Ook deze grief faalt. Nu het gebruik van deze informatie niet in strijd is geacht met enig algemeen beginsel van behoorlijk bestuur en ook niet ontoelaatbaar is geacht, valt, zonder nadere toelichting, die ontbreekt, niet in te zien waarom deze omstandigheid zou moeten meewegen bij de vraag of de inspecteur in redelijkheid kon weigeren tot ambtshalve vermindering over te gaan.
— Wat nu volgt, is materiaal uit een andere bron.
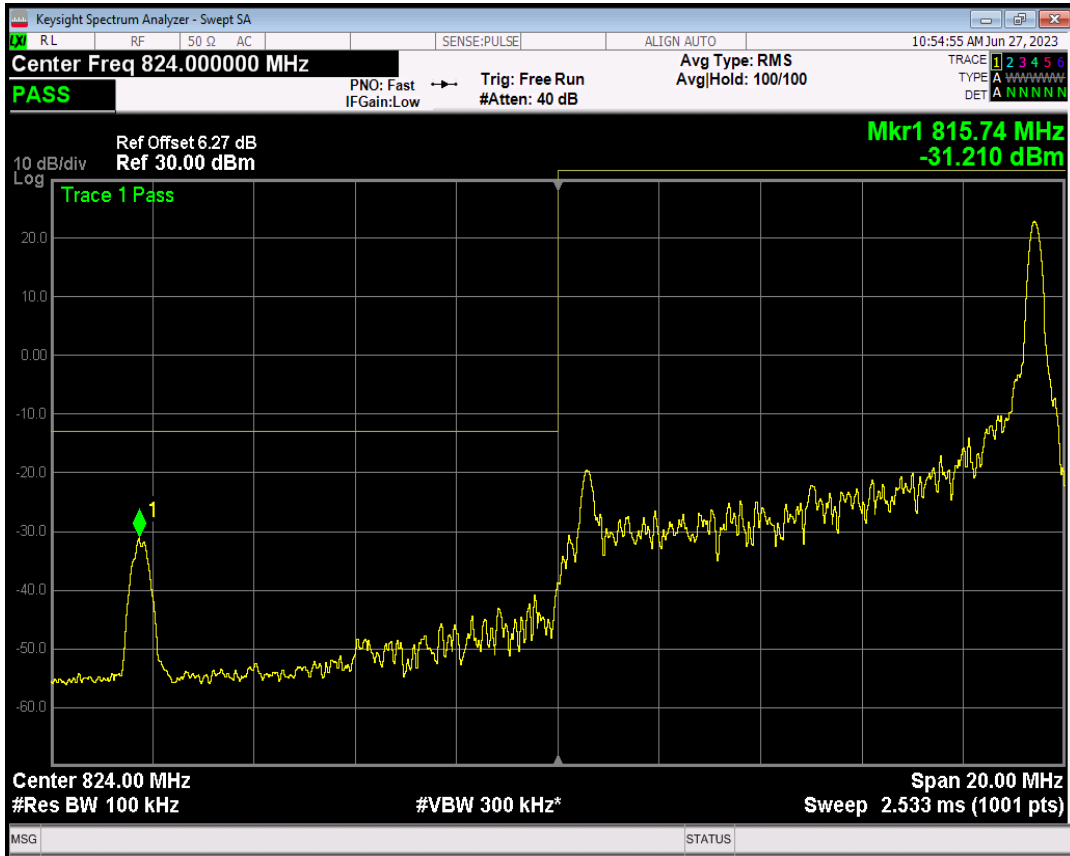

Band5 QPSK BW=10MHz Channel=20450 RB Size=1 Position=#Max

Band5 QPSK BW=10MHz Channel=20450 RB Size=50 Position=#0

14. Uit het voorgaande volgt dat het verzet ongegrond is en de vorderingen van [appellant] c.s. niet toewijsbaar zijn. Het bestreden vonnis, voor zover gewezen in conventie, moet dan ook worden bekrachtigd. Als in het ongelijk gestelde partij zal [appellant] c.s. worden veroordeeld in de proceskosten in hoger beroep.

Beslissing

Het hof:
- bekrachtigt het tussen partijen voor zover in conventie gewezen vonnis van de rechtbank Rotterdam van 7 oktober 2015;
- veroordeelt [appellant] c.s. in de kosten van het geding in hoger beroep, aan de zijde van de Ontvanger c.s. tot op heden begroot op € 711 aan verschotten en € 1.788 aan salaris advocaat en op € 131,- aan nasalaris voor de advocaat, nog te verhogen met
€ 68,- indien niet binnen veertien dagen na aanschrijving in der minne aan dit arrest is voldaan en vervolgens betekening van dit arrest heeft plaatsgevonden, en bepaalt dat deze bedragen binnen 14 dagen na de dag van de uitspraak dan wel, wat betreft het bedrag van € 68,-, na de datum van betekening, moeten zijn voldaan, bij gebreke waarvan deze bedragen worden vermeerderd met de wettelijke rente als bedoeld in artikel 6:119 BW vanaf het einde van genoemde termijn van 14 dagen;
- verklaart dit arrest ten aanzien van de kostenveroordeling uitvoerbaar bij voorraad.
Dit arrest is gewezen door mrs. M.P.J. Ruijpers, W.G.M. Visser en J.J. van der Helm en is uitgesproken ter openbare terechtzitting van 6 juni 2017 in aanwezigheid van de griffier.